Data integration suffers from an image problem. It has become synonymous with extract, transform and load. Likewise, ETL has been regarded as a data warehousing technology. Both of these viewpoints fail to reflect current capabilities, and they greatly inhibit enterprises in their attempt to integrate data to provide the information their business needs. Because of this short-sightedness, companies have lost opportunities to harness information as a corporate asset. It increases the cost of integrating data, encourages the creation of data silos and forces businesspeople to spend an inordinate amount of time filling the information gaps themselves through data shadow systems or reconciling data.
More than Simply ETL Tasks
The basic tasks required in data integration are to gather data, transform it and put it into its target location. If that sounds like ETL, that’s because that’s exactly what it is (see Figure 1). ETL tools have automated these tasks and empowered developers with a toolkit beyond what they could have easily hand coded themselves. ETL tools, for example, include prebuilt transformations from the elementary tasks of converting data and performing lookups to the more complex processes of change data capture and slowly changing dimensions. These prebuilt transformations greatly enhance developer productivity and improve the consistency of results. Data integration tools offer many significant processes and technologies that extend beyond the basic ETL tasks (see Figure 2). These extensions are necessary to turn data into comprehensive, consistent, clean and current information. The extended processes include data profiling, data quality and operational processing. This creates the ability to determine the state of the source systems, perform cleansing, ensure consistency and manage all the processing, including error handling and performance monitoring.
Data integration suites have expanded to incorporate enterprise application integration, enterprise information integration and service-oriented architecture coupled with ETL to offer data integration in batch, interoperating with applications, or in real time from business intelligence applications.
More than Batch Processes
There are many integration initiatives in an enterprise. With data integration being associated with batch-driven ETL processes that load a data warehouse (DW), integration initiatives that did not involve a DW sought out other technologies. These technologies included EAI, EII and SOA. Although each of these technologies has fundamental applications, the reality is that organizations had to reinvent the wheel for every data integration task. The results have been integration silos built with different technologies, producing inconsistent business information and generally with data integration built as an afterthought.
The good news is that data integration vendors that now combine all of the above technologies into data integration suites have emerged from the ETL ranks. These suites enable an enterprise to integrate data in one consistent manner, yet deploy using whatever transport technology (i.e., ETL, EAI, EII or SOA) is appropriate.
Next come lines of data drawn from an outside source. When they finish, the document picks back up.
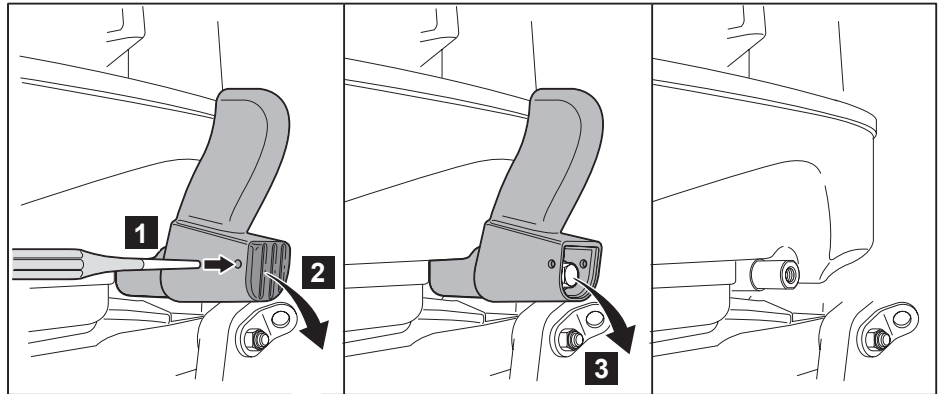

Remote Control Attachment YAMAHA Kit F4B, F5A and F6C

Posnr.	QTY	
①	1	
②	2	
③	3	M6 x 12
④	1	Ø6 x 20
⑤	1	
⑥	1	Ø26 x Ø14
⑦	1	Ø26 x Ø12
⑧	1	
⑨	1	
⑩	1	M5 x 16
⑪	1	M5
⑫	1	
⑬	1	
⑭	1	
⑮	2	M6 x 16
⑯	1	
⑰	1	
⑱	2	M6 x 8
⑲	2	

Remote Control Attachment YAMAHA Kit F4B, F5A and F6C

Remote Control Attachment YAMAHA Kit F4B, F5A and F6C

More than Data Warehousing
With the emergence of the more powerful suites, data integration has moved beyond data warehousing to include other integration initiatives in an enterprise, such as:
Operational and real-time BI and
Master data management, customer data integration and product information management.
Companies often undertake data migration or application consolidation projects because of mergers and acquisition or because they need to streamline applications. In the past, these projects were seen as one-offs and typically hand coded. As systems integrators became proficient in ETL tools from DW projects, they realized that they would be much more productive at data migrations and application consolidation projects if they used these same data integration tools. Even though they are one-offs, data integration tools enabled the SIs to reuse code, leverage prebuilt transformations, better manage processes and produce documentation without a laborious manual effort. In addition, they did not have to deploy a cadre of coding gurus but could leverage the data integration developers they already employed.
Several market forces have converged to produce the perfect storm, enabling operational or real-time BI with the same data integration and BI tools as used in DW projects. These forces include enterprise applications built on relational databases and data integration tools no longer bound to batch ETL constraints. In addition, with the major enterprise application vendors also offering data integration and BI tools, these vendors are bundling this convergence is more consistent, comprehensive and current information (business benefit) with the same data integration and BI infrastructure (IT benefit).
MDM, CDI and PIM all deal with conforming and maintaining master data or reference data for data subjects, such as customers and products. The initial wave of technology solutions bundled a set of tools and applications that were business process or industry specific. What got lost in many of the initial implementations was that these applications relied heavily on data integration and that it made sense to leverage a company’s existing data integration platform to create MDM, CDI and PIM solutions.